Jeanne is a member of IPTAR, the Institute for Psychoanalytic Training and Research. She has been a member of the Program committee for many years and was recently elected as Chairman of the Program committee; completed training in Hypnosis at the New York Milton Erickson Society for Hypnosis; accredited CAC, addictions counselor. Areas of specialty include Drug and Alcohol Addictions, Eating Disorders, and Internet Video Gaming.

Pilar Jennings, “Equanimity & Affect: A spacious Approach to Working with Trauma”

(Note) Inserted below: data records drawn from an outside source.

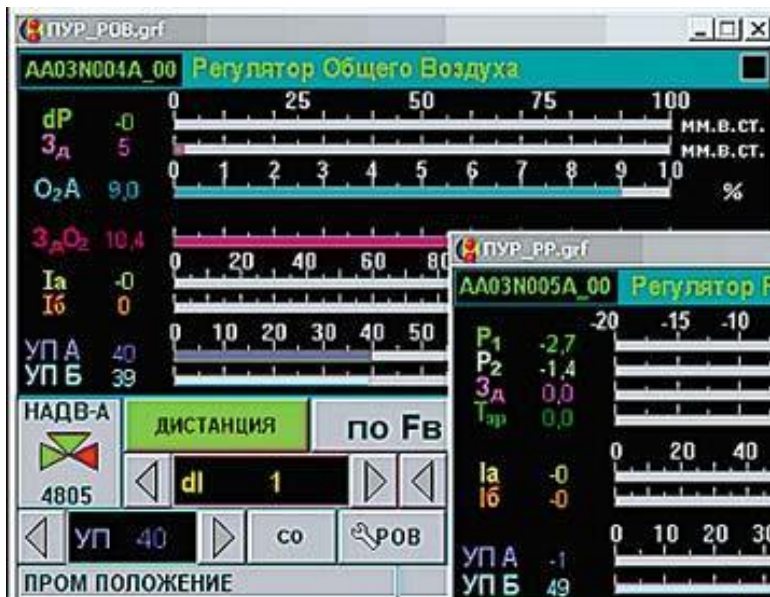

Схемы управления регулирующих клапанов

Схемы управления на базе бесконтактных реверсивных пускателей

Структура пускателя ПБР-2

Структура пускателя ПБР-3

Схема управления РК от регулятора РП4

Схема управления РК от ПТК

Мнемосхемы автоматических регуляторов

Электромагнитные привода

Клапаны с электромагнитным приводом

тип "НО" (15к4835р).

тип "НЗ" CBMG 15к4883

Импульсные
электромагнитные
клапаны
предохранительных
устройств.
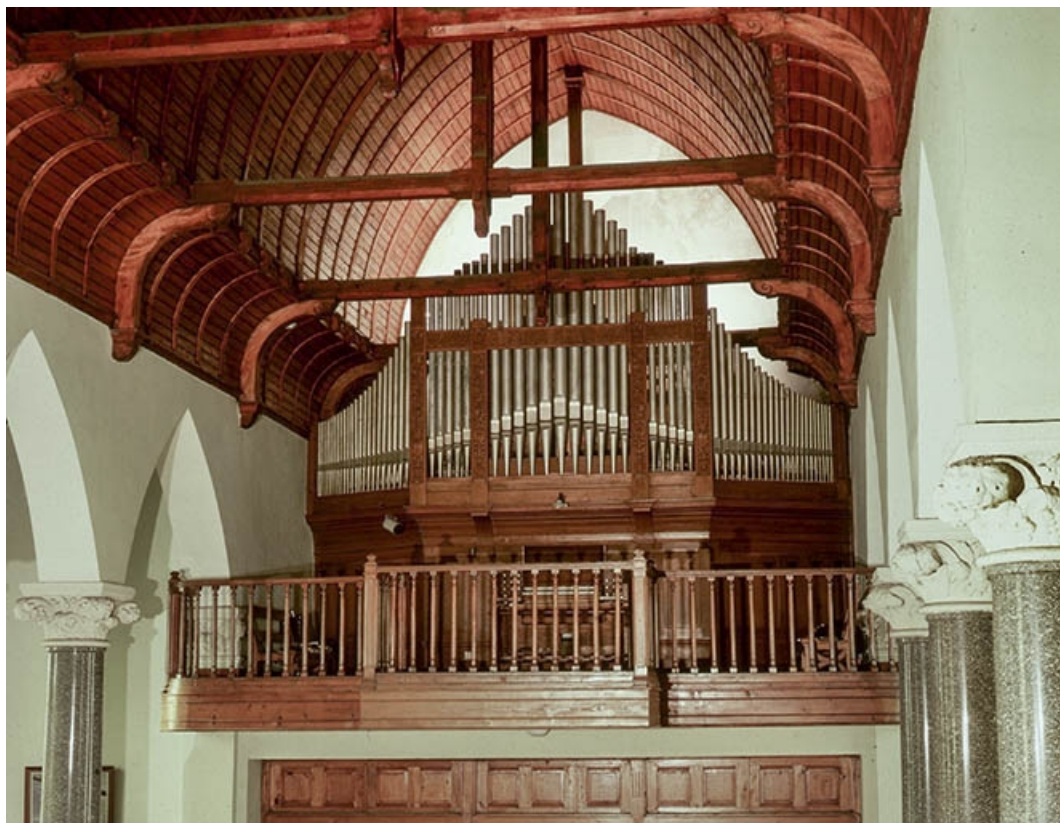

Vue générale de trois quarts droit.
25, Seloncourt

N° de l'illustration : 19852500250XA

Date : 1985

Auteur : Jérôme Mongreville

Reproduction soumise à autorisation du titulaire des droits d'exploitation

© Région Bourgogne-Franche-Comté, Inventaire du patrimoine
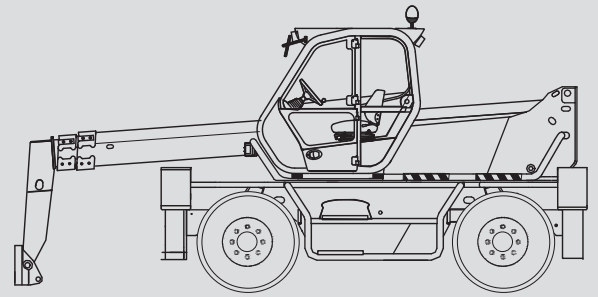

Teleskopstapler

PTS-R 40.18 D

Max. Hubhöhe	17,70 m
Max. Tragfähigkeit	4.000 kg
Max. Reichweite	15,00 m
Breite	2,24 m
Länge (ohne Gabel)	5,98 m
Höhe	2,96 m
Eigengewicht (mit Gabel)	13.200 kg
Antrieb	Diesel
Abstützung	ja
Max. Abstützbreite	4,65 x 3,75 m
Allrad	ja
Diverses Zubehör	auf Anfrage
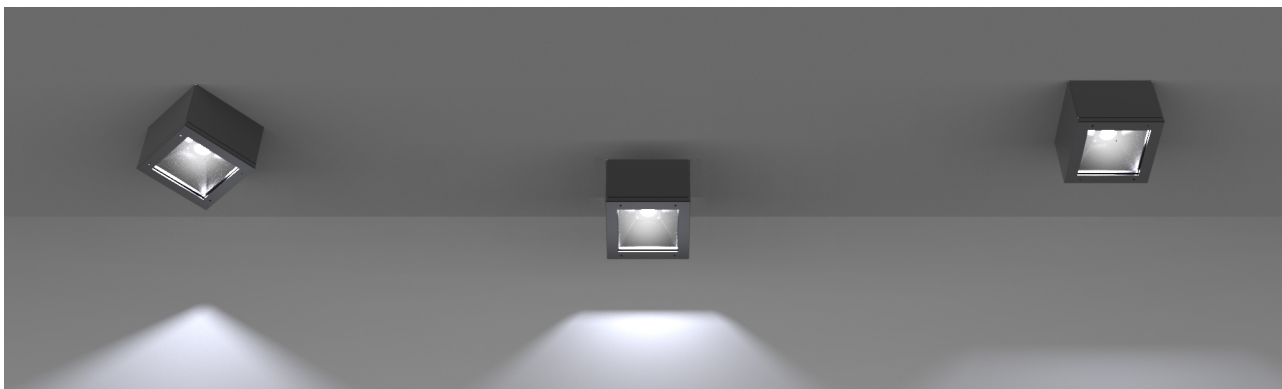

Mini Orfeo led 12,5W 3000K, fascio 60°, driver incluso, antracite. Diffusore trasparente.

Mini Orfeo led 12,5W 3000K, 60° beam, driver included, antracite. Clear diffuser.

Descrizione/Description

IT: Faretto quadrato dal design essenziale disponibile in molteplici varianti. Pensato per l'esterno per illuminare porticati, scale balconate e terrazzi può essere utilizzato anche in interni per illuminare ingressi, halls e corridoi. Realizzato in alluminio pressofuso e diffusore in vetro temperato trasparente o satinato è disponibile in diversi colori. Dimensioni: 155x155 mm.

ENG: Square spotlight with an essential design available in many variations. Designed for outdoors to illuminate porches, stairs, balconies and terraces, it can also be used indoors to illuminate entrances, halls and corridors. The body is made of die-cast aluminum and tempered transparent or satinated glass diffuser and it is available in different colors. Dimensions : 155x155mm.

Codice/Code	MTP.5411.058.06
Tonalità/Light tone	3000K
Potenza/Power	12,5W
Fusso luminoso/Luminous flux	2501 lm - 3000 lm
Colore/Color	Grigio antracite
Fascio luminoso/Light beam	Fascio 60°
Driver/Driver	Driver On/Off
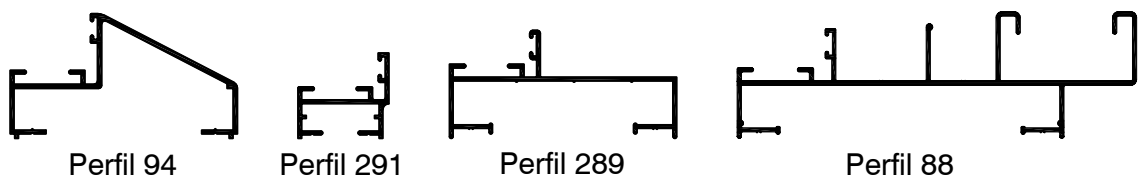

Detalle de armado Perfil Mosquitero 109

Ventana Corrediza

Mosquitero de Abrir

Marcos Compatibles:

Escala 1:2
Tolerancia en Peso +/- 10%

20-01-12 **TRADICIONAL.44**
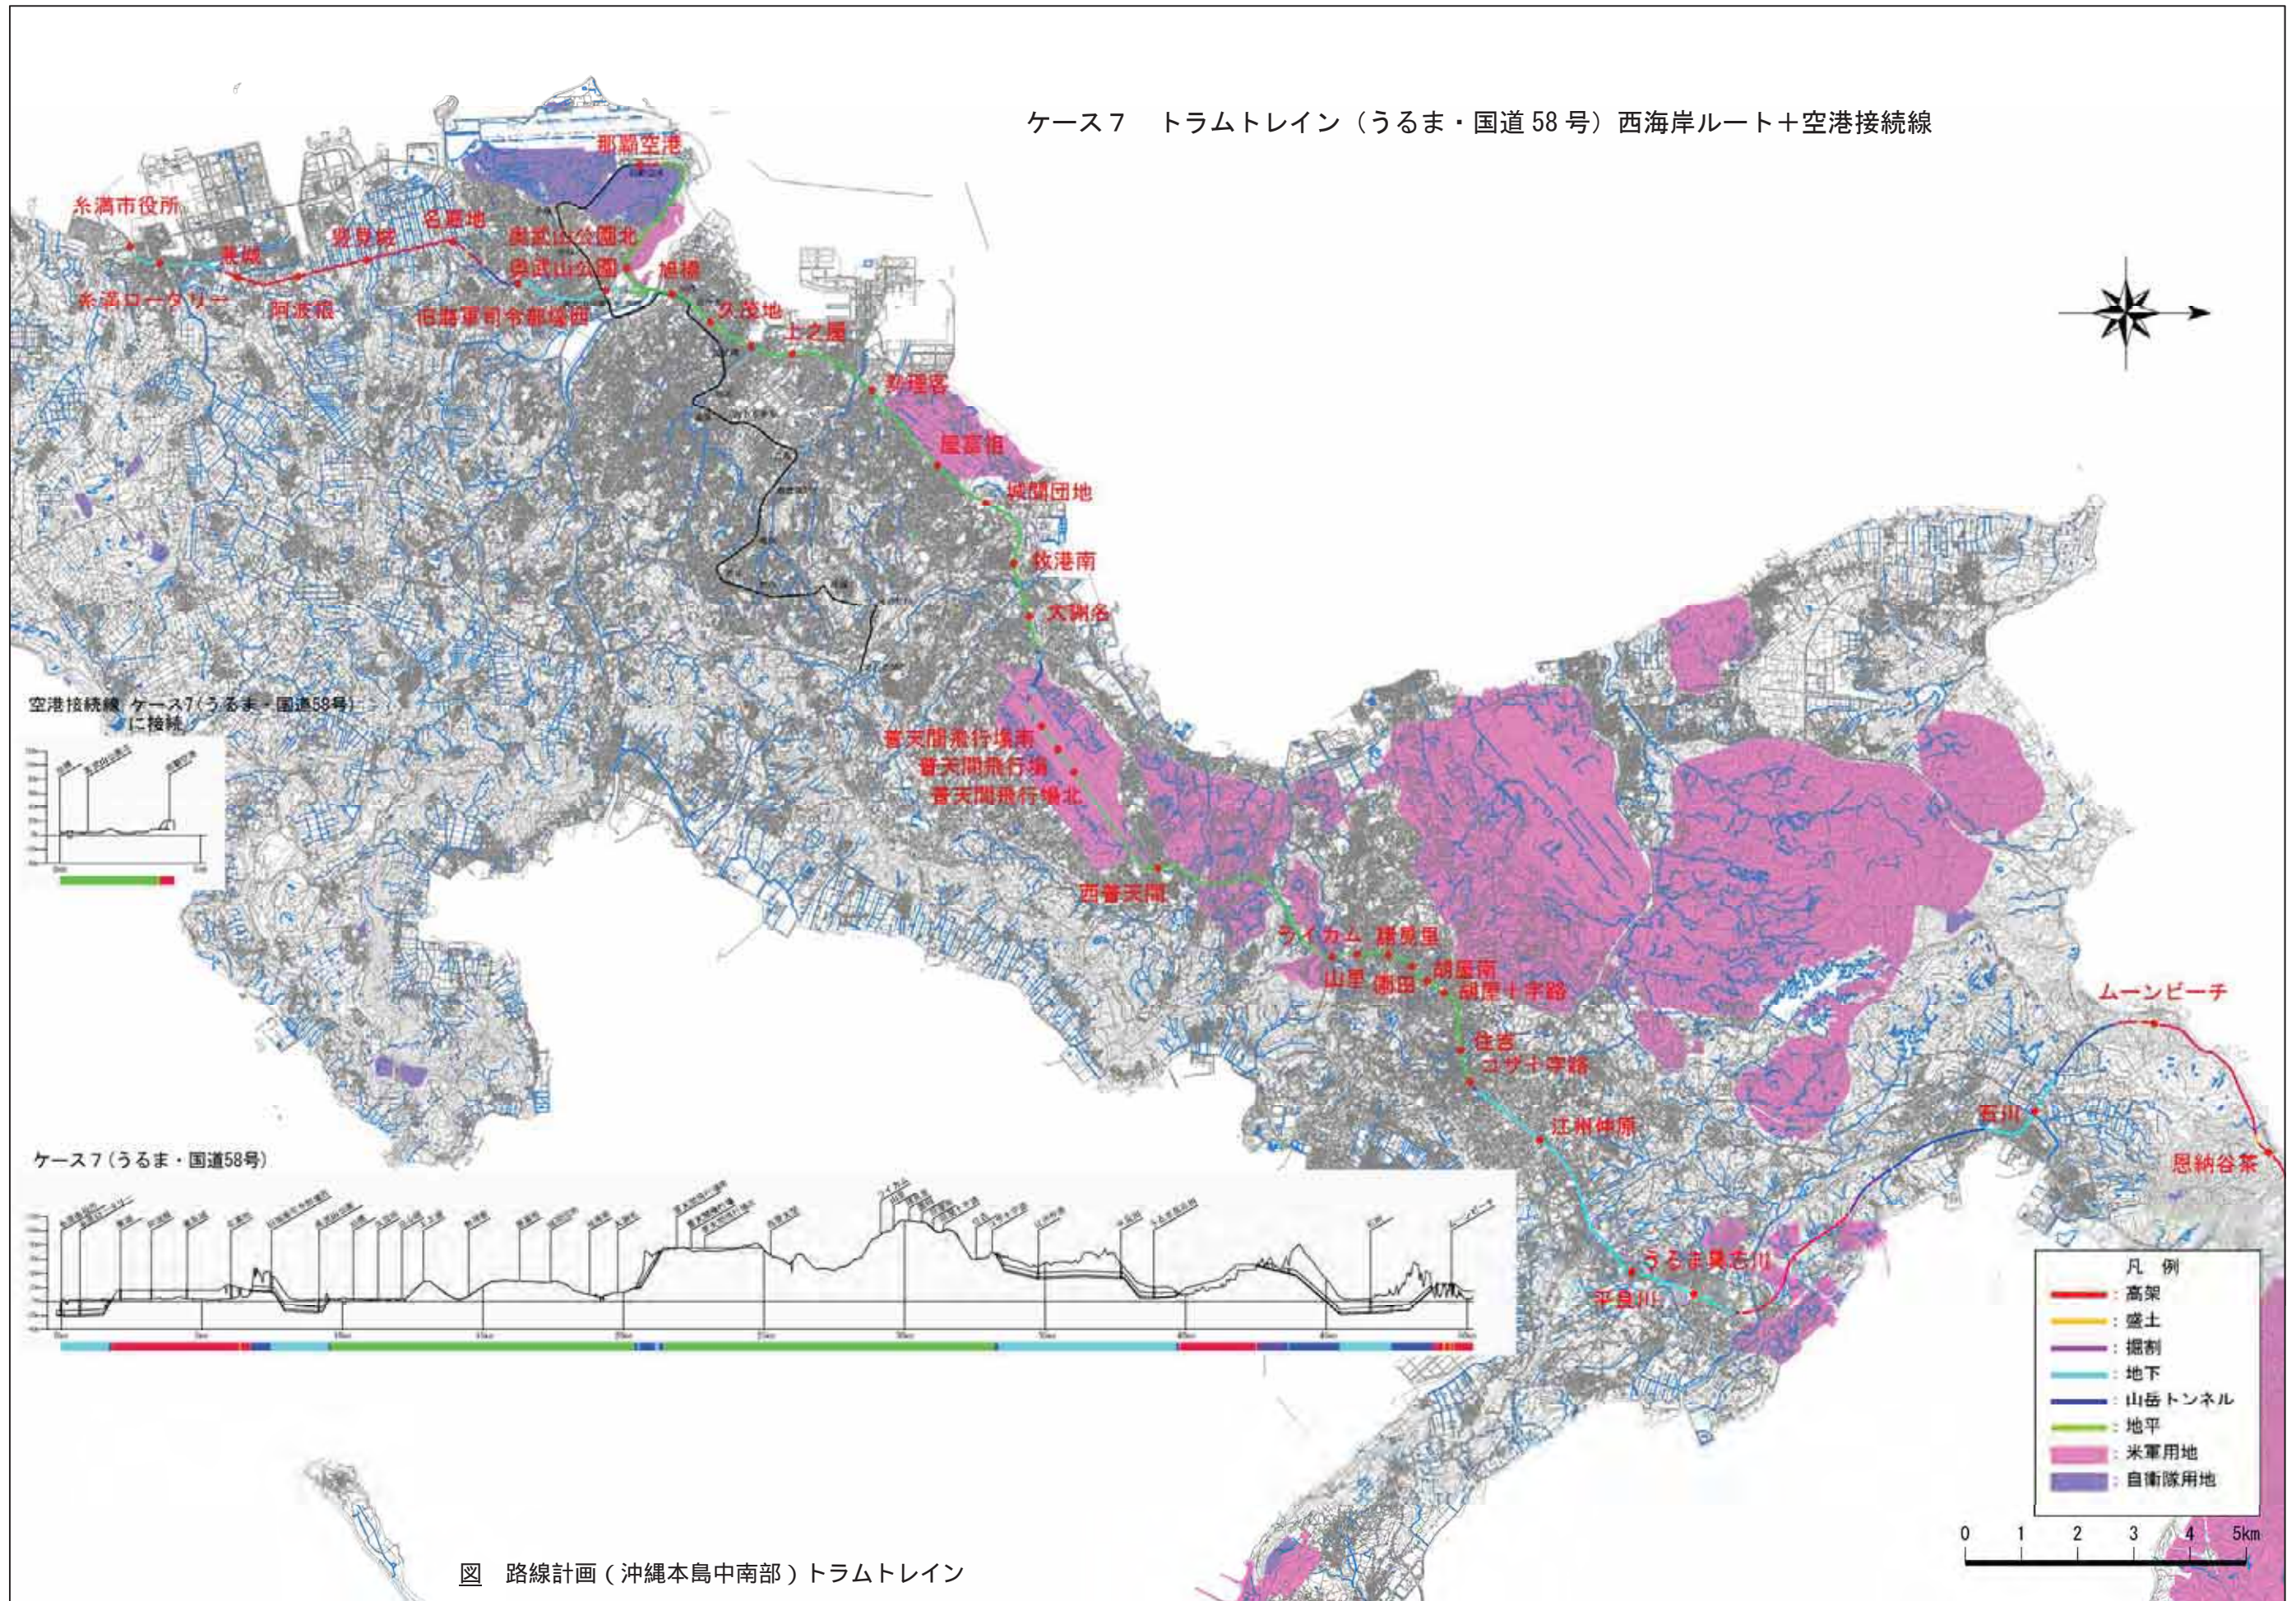

ケース2 鉄道（うるま・国道330号）西海岸ルート+空港接続線

図 路線計画（沖縄本島中南部）鉄道

図 路線計画(沖縄本島北部)鉄道

鉄道 (支線①)

図 路線計画 (沖縄本島北部) 鉄道 支線

ケース7 ترامトレイン（うるま・国道58号）西海岸ルート+空港接続線

図 路線計画（沖縄本島中南部） ترامトレイン

図 路線計画(沖縄本島北部)トラムトレイン

ケース2 スマート・リニアメトロ（うるま・国道330号）西海岸ルート+空港接続線

図 路線計画（沖縄本島中南部）スマート・リニアメトロ

図 路線計画(沖縄本島北部)スマート・リニアメトロ

This Dharma talk will explore the Brahmaviharas, with an emphasis on equanimity for clinicians and patients working through complex trauma.
Themes will include:

  1. Unconscious identification with affect and its working through.
  2. How the analyst can utilize equanimity to facilitate a steady and
    compassionate holding environment.
  3. How the patient can slowly incorporate this practice to withstand affect associated with trauma and risk greater access to a fuller range of feeling states.
  4. The protective nature of equanimity for treatments rife with conflict,
    ambivalence, or enactments.

Pilar is a psychoanalyst based in New York City with a focus on the clinical applications of Buddhist meditation practice. She has been working with patients and their families in private practice and through the Harlem Family Institute since 2000. She has been a Buddhist practitioner for the past 40 years and is a teacher of Tibetan Buddhism in the Sakya lineage; visiting Lecturer at Union Theological Seminary; Columbia University; and a faculty member of the Nalanda Institute for Contemplative Science. Her area of interest include: Intersubjectivity in the spiritual dyad; developmental perspectives of Buddhist meditation across traditions; and psychodynamic work with spiritual practitioners. Dr. Jennings’ publications include Mixing Minds (Wisdom 2010) and To Heal a Wounded Heart (Shambhala 2017).